Listed records:
━━━

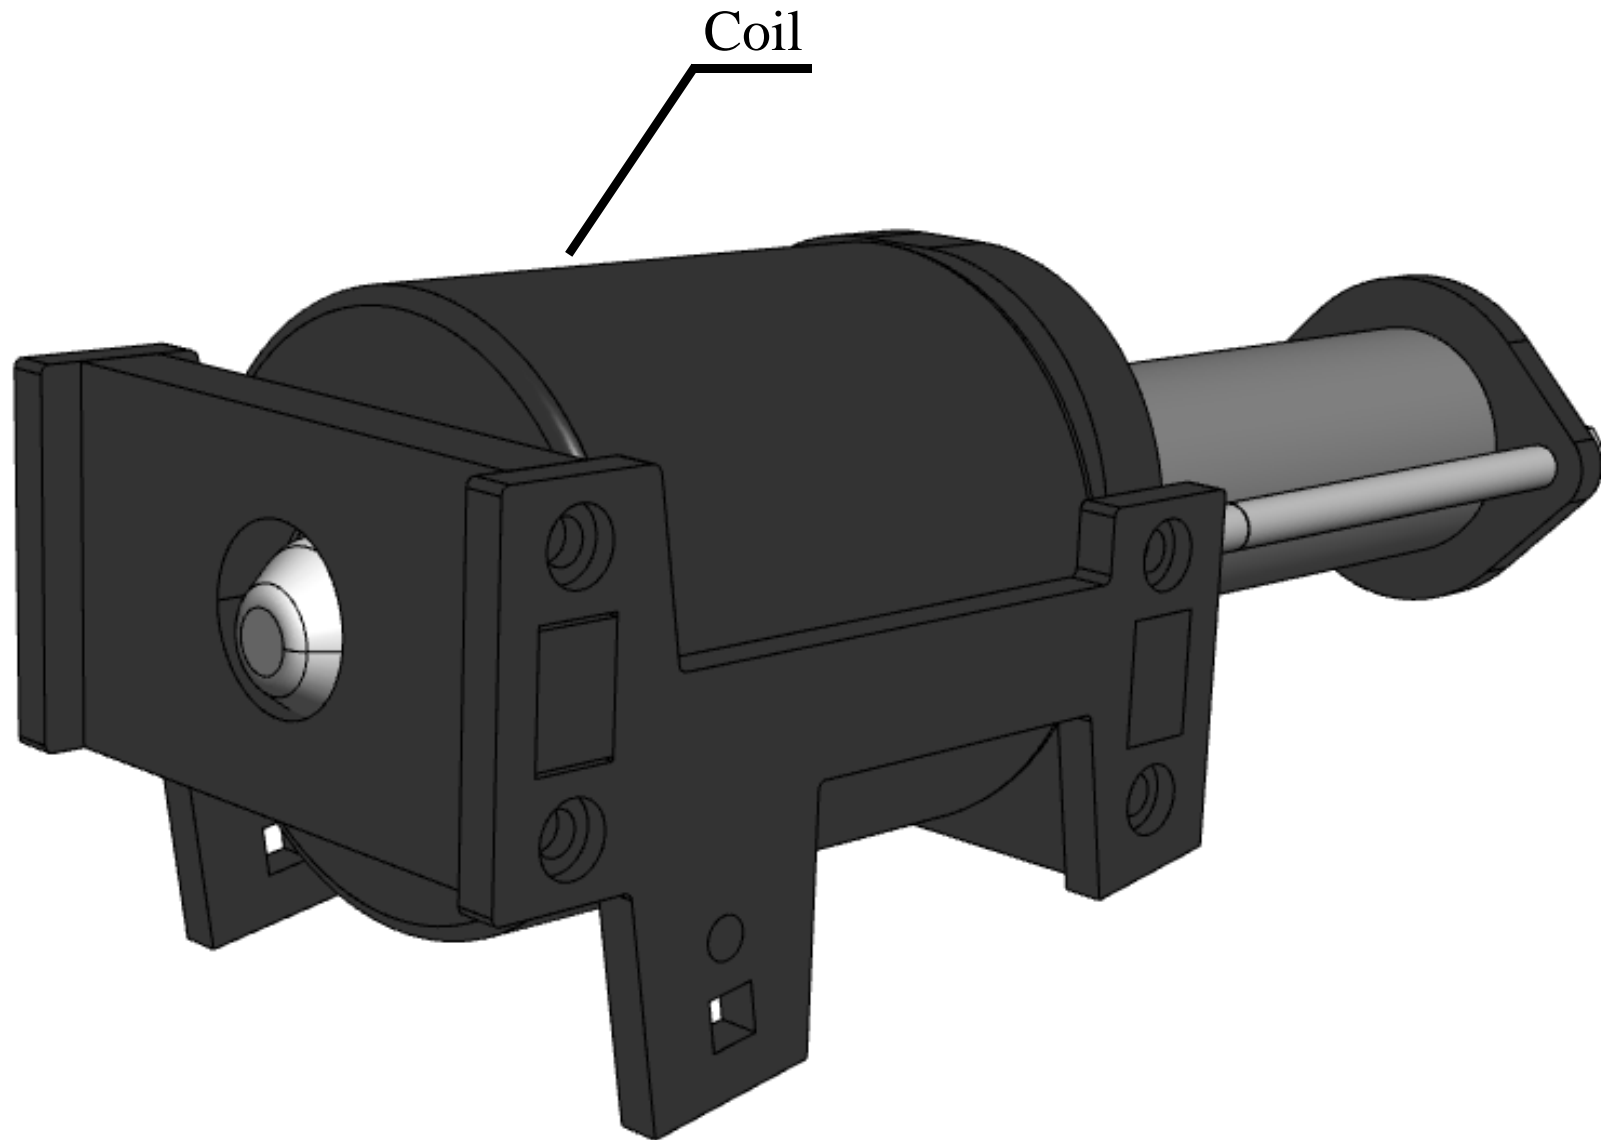

Vision system

Ball handling Module

Kicking Module

Driving Module

Size
41.8(Depth) x 41.2(width) x 78.2(height) [cm]

Weight
26[kg]

Driving Module

Motor Holder

Ball handling Module

Kicking Module

Vision System

━━━

Problem details: With the images left out, output all the entries above exactly.

Reply to the exercise:
Vision system

Ball handling Module

Kicking Module

Driving Module

Size
41.8(Depth) x 41.2(width) x 78.2(height) [cm]

Weight
26[kg]

Driving Module

Motor Holder

Ball handling Module

Kicking Module

Vision System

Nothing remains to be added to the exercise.